> PROBLEM TO SOLVE: Please return every line below that contains the string "County".

> RECORD SET:
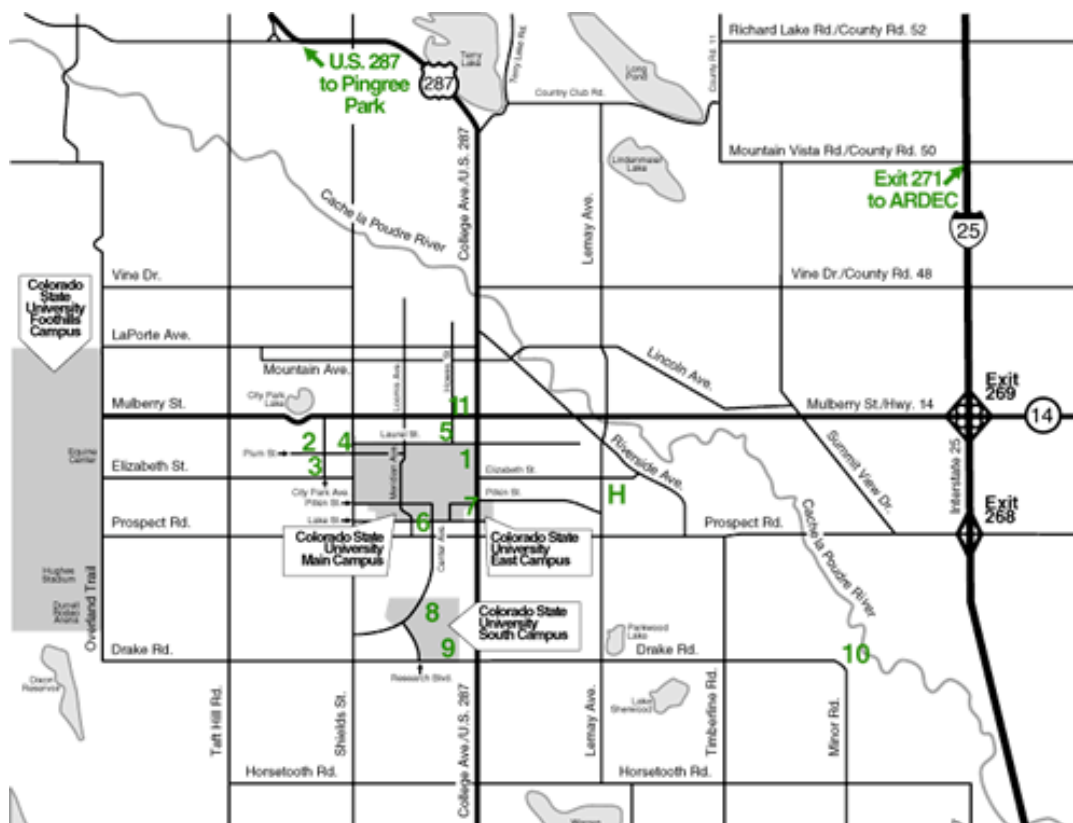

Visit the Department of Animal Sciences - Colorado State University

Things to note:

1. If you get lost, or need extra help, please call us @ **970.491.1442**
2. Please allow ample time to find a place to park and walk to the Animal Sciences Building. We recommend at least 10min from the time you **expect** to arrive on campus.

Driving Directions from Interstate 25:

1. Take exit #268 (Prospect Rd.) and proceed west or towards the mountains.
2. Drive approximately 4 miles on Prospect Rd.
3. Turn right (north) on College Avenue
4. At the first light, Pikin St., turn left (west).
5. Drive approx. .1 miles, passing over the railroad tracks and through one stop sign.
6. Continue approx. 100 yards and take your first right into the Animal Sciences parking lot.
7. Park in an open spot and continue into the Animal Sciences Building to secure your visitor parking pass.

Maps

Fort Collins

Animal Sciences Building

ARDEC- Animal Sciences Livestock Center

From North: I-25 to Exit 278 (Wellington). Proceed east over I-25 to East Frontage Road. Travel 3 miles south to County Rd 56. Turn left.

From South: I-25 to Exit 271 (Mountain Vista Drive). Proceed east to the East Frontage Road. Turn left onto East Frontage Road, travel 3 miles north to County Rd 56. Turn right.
==
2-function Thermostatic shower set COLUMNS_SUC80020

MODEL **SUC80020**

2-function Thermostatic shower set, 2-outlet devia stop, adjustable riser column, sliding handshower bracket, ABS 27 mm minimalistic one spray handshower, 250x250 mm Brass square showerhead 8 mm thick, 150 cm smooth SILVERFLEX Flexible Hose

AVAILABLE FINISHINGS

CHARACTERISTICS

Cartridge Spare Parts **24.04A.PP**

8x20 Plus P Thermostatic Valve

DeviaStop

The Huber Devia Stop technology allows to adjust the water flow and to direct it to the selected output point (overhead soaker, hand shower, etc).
...
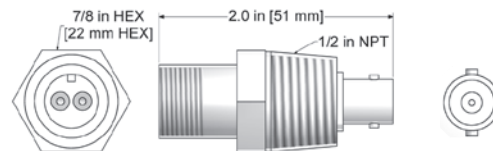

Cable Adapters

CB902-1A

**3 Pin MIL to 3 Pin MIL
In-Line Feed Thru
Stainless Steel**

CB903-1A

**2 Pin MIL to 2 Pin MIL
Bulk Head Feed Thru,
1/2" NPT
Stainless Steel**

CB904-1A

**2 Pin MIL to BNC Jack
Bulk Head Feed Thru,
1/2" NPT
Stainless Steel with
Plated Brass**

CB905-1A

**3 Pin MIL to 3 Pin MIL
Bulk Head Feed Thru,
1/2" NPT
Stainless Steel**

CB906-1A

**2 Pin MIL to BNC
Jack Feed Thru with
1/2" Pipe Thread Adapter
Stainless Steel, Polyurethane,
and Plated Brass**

> ANSWER BELOW:
From North: I-25 to Exit 278 (Wellington). Proceed east over I-25 to East Frontage Road. Travel 3 miles south to County Rd 56. Turn left.
From South: I-25 to Exit 271 (Mountain Vista Drive). Proceed east to the East Frontage Road. Turn left onto East Frontage Road, travel 3 miles north to County Rd 56. Turn right.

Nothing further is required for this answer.